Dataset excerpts
***

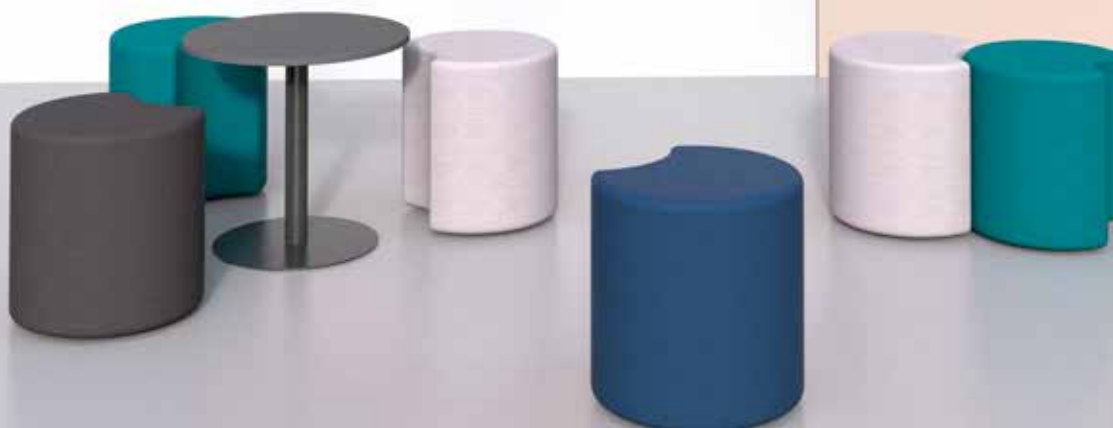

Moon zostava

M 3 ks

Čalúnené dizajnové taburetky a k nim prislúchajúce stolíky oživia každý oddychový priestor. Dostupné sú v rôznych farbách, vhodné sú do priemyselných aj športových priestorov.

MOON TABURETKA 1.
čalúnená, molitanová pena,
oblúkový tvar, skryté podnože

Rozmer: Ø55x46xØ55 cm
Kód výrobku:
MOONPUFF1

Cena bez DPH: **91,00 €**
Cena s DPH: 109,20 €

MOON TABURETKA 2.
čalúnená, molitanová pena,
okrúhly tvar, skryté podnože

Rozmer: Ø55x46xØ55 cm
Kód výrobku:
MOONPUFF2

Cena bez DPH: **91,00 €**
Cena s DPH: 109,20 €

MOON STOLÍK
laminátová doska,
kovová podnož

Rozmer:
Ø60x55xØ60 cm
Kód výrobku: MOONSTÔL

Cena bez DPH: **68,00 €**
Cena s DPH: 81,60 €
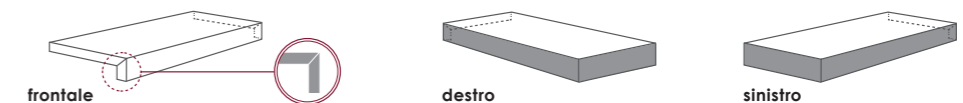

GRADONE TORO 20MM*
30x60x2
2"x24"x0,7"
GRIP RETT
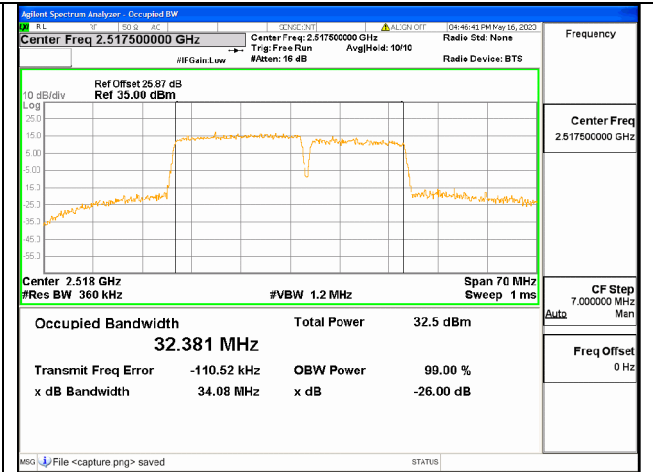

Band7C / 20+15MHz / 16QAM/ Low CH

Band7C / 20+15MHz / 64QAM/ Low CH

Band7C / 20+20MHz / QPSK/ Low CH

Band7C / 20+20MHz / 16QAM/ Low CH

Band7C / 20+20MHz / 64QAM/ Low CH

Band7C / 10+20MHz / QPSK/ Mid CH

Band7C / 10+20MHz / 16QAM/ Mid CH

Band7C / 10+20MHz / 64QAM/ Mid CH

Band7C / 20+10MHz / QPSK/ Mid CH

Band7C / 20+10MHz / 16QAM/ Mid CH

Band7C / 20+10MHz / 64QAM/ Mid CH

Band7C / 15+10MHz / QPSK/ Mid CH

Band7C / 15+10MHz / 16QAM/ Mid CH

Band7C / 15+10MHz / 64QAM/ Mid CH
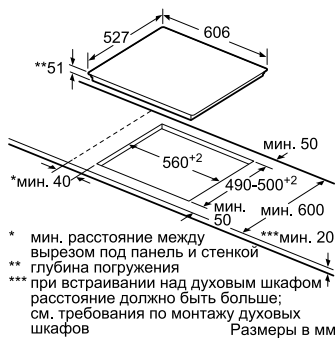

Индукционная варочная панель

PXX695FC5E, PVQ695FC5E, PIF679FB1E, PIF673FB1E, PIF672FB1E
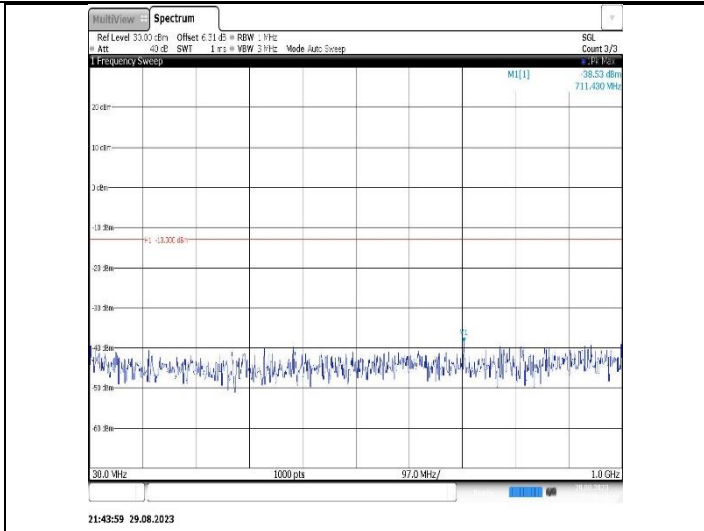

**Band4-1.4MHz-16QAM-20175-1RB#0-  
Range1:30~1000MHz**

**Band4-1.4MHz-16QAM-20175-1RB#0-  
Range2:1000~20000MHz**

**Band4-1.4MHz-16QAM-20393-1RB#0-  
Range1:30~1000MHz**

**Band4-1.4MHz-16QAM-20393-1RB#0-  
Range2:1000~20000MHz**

***

### YOUR ASSIGNMENT
Would you please print out all the records above exactly, minus any pictures?

### THE ANSWER
Moon zostava

M 3 ks

Čalúnené dizajnové taburetky a k nim prislúchajúce stolíky oživia každý oddychový priestor. Dostupné sú v rôznych farbách, vhodné sú do priemyselných aj športových priestorov.

MOON TABURETKA 1.
čalúnená, molitanová pena,
oblúkový tvar, skryté podnože

Rozmer: Ø55x46xØ55 cm
Kód výrobku:
MOONPUFF1

Cena bez DPH: **91,00 €**
Cena s DPH: 109,20 €

MOON TABURETKA 2.
čalúnená, molitanová pena,
okrúhly tvar, skryté podnože

Rozmer: Ø55x46xØ55 cm
Kód výrobku:
MOONPUFF2

Cena bez DPH: **91,00 €**
Cena s DPH: 109,20 €

MOON STOLÍK
laminátová doska,
kovová podnož

Rozmer:
Ø60x55xØ60 cm
Kód výrobku: MOONSTÔL

Cena bez DPH: **68,00 €**
Cena s DPH: 81,60 €

GRADONE TORO 20MM*
30x60x2
2"x24"x0,7"
GRIP RETT

Band7C / 20+15MHz / 16QAM/ Low CH

Band7C / 20+15MHz / 64QAM/ Low CH

Band7C / 20+20MHz / QPSK/ Low CH

Band7C / 20+20MHz / 16QAM/ Low CH

Band7C / 20+20MHz / 64QAM/ Low CH

Band7C / 10+20MHz / QPSK/ Mid CH

Band7C / 10+20MHz / 16QAM/ Mid CH

Band7C / 10+20MHz / 64QAM/ Mid CH

Band7C / 20+10MHz / QPSK/ Mid CH

Band7C / 20+10MHz / 16QAM/ Mid CH

Band7C / 20+10MHz / 64QAM/ Mid CH

Band7C / 15+10MHz / QPSK/ Mid CH

Band7C / 15+10MHz / 16QAM/ Mid CH

Band7C / 15+10MHz / 64QAM/ Mid CH

Индукционная варочная панель

PXX695FC5E, PVQ695FC5E, PIF679FB1E, PIF673FB1E, PIF672FB1E

**Band4-1.4MHz-16QAM-20175-1RB#0-  
Range1:30~1000MHz**

**Band4-1.4MHz-16QAM-20175-1RB#0-  
Range2:1000~20000MHz**

**Band4-1.4MHz-16QAM-20393-1RB#0-  
Range1:30~1000MHz**

**Band4-1.4MHz-16QAM-20393-1RB#0-  
Range2:1000~20000MHz**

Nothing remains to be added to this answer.